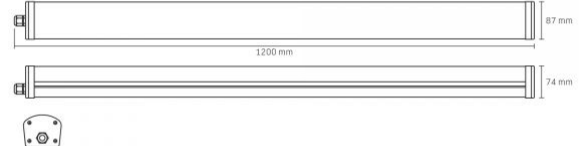

VIDEX®

VIDEX-HERMES-120CM-48W-IP65-NW

INDEX: VLE-BNW-48124

Mercury content	Does not contain
Ingress protection	IP65
Housing material	Aluminum

Dimensions

EAN	5904405541425
In the package	1 pc.
Height	1200 mm
Outer box	9 pcs.
Width	87 mm
Depth	74 mm

Signs marking goods

Packaging marking	Recycling of waste, CE, Utilization
--------------------------	-------------------------------------

VIDEX®

VIDEX-HERMES-120CM-48W-IP65-NW

INDEX: VLE-BNW-48124

We reserve the right to make technical changes. The data contained in this material is not legally binding.

▶ **TASK OBJECTIVE**
Look over the records above and copy each line that includes the string "material".

▶ **REPLY TO THE EXERCISE**
Housing material	Aluminum
We reserve the right to make technical changes. The data contained in this material is not legally binding.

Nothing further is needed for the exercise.